### WHAT IS BEING ASKED
Start at the line in the entries below that contains "Park Molenheide", stop at the line that contains "- ◐ Delta (5 pers.)", and output exactly the lines in that span, both ends included.

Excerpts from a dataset
>>>>>
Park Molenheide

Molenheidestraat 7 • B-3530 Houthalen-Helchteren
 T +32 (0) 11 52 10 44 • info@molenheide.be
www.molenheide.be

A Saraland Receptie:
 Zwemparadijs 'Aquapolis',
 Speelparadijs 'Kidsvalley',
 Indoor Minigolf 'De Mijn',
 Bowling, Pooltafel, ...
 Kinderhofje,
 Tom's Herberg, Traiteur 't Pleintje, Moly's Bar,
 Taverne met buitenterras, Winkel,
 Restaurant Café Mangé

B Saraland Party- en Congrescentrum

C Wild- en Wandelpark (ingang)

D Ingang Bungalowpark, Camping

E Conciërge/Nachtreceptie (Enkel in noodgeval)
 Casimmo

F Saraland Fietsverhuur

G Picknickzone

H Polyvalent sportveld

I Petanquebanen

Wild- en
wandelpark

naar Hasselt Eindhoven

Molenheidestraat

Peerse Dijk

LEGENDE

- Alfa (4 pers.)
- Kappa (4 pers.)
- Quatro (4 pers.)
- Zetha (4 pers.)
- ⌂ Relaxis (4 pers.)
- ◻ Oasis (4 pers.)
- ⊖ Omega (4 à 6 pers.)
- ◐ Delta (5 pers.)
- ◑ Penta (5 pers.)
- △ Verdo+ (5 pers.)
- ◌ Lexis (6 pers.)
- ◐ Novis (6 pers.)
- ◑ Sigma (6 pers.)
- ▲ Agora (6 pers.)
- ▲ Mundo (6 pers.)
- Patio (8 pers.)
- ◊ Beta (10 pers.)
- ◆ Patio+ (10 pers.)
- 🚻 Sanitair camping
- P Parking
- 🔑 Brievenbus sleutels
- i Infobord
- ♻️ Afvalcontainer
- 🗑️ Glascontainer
<<<<<
>>>>>
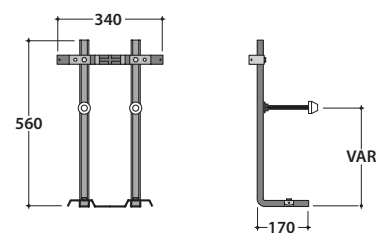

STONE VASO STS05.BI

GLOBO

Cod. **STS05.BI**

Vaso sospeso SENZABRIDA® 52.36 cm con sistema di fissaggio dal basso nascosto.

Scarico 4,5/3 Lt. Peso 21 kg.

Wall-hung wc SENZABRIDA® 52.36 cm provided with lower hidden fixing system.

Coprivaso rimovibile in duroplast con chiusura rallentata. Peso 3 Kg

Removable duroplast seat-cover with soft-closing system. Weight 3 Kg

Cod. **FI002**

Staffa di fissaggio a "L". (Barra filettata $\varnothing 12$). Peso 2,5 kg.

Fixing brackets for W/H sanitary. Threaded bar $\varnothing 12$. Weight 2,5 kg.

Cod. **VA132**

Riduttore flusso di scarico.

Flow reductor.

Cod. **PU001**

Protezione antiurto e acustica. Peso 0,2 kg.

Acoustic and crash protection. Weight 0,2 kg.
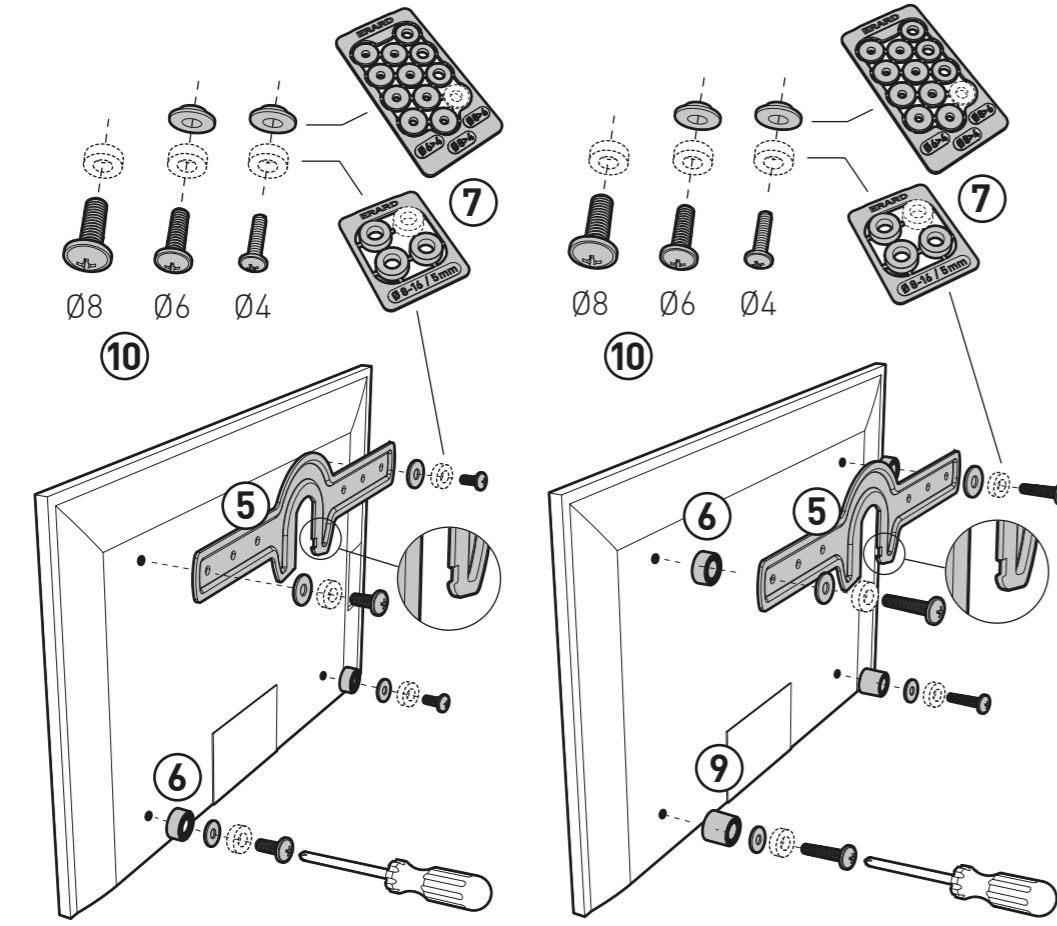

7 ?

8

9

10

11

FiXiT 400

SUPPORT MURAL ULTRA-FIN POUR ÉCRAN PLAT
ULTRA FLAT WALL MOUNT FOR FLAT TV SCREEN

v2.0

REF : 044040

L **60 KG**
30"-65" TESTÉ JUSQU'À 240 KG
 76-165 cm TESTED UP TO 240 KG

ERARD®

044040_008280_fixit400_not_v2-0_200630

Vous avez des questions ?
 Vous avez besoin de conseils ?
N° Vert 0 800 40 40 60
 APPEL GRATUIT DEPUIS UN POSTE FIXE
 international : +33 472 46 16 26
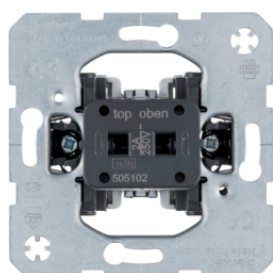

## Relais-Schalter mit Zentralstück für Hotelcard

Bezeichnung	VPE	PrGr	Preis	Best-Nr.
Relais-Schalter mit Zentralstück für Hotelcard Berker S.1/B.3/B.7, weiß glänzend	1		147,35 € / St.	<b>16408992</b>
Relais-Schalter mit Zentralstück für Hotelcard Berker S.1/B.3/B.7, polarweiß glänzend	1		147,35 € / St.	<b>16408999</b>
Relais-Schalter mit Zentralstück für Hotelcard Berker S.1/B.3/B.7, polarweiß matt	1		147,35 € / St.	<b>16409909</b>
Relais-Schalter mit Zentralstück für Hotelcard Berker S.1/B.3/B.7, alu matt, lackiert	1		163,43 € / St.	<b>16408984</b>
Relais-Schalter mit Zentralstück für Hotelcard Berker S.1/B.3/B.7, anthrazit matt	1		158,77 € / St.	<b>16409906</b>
<<<<<
### RESULT BELOW
Park Molenheide

Molenheidestraat 7 • B-3530 Houthalen-Helchteren
 T +32 (0) 11 52 10 44 • info@molenheide.be
www.molenheide.be

A Saraland Receptie:
 Zwemparadijs 'Aquapolis',
 Speelparadijs 'Kidsvalley',
 Indoor Minigolf 'De Mijn',
 Bowling, Pooltafel, ...
 Kinderhofje,
 Tom's Herberg, Traiteur 't Pleintje, Moly's Bar,
 Taverne met buitenterras, Winkel,
 Restaurant Café Mangé

B Saraland Party- en Congrescentrum

C Wild- en Wandelpark (ingang)

D Ingang Bungalowpark, Camping

E Conciërge/Nachtreceptie (Enkel in noodgeval)
 Casimmo

F Saraland Fietsverhuur

G Picknickzone

H Polyvalent sportveld

I Petanquebanen

Wild- en
wandelpark

naar Hasselt Eindhoven

Molenheidestraat

Peerse Dijk

LEGENDE

- Alfa (4 pers.)
- Kappa (4 pers.)
- Quatro (4 pers.)
- Zetha (4 pers.)
- ⌂ Relaxis (4 pers.)
- ◻ Oasis (4 pers.)
- ⊖ Omega (4 à 6 pers.)
- ◐ Delta (5 pers.)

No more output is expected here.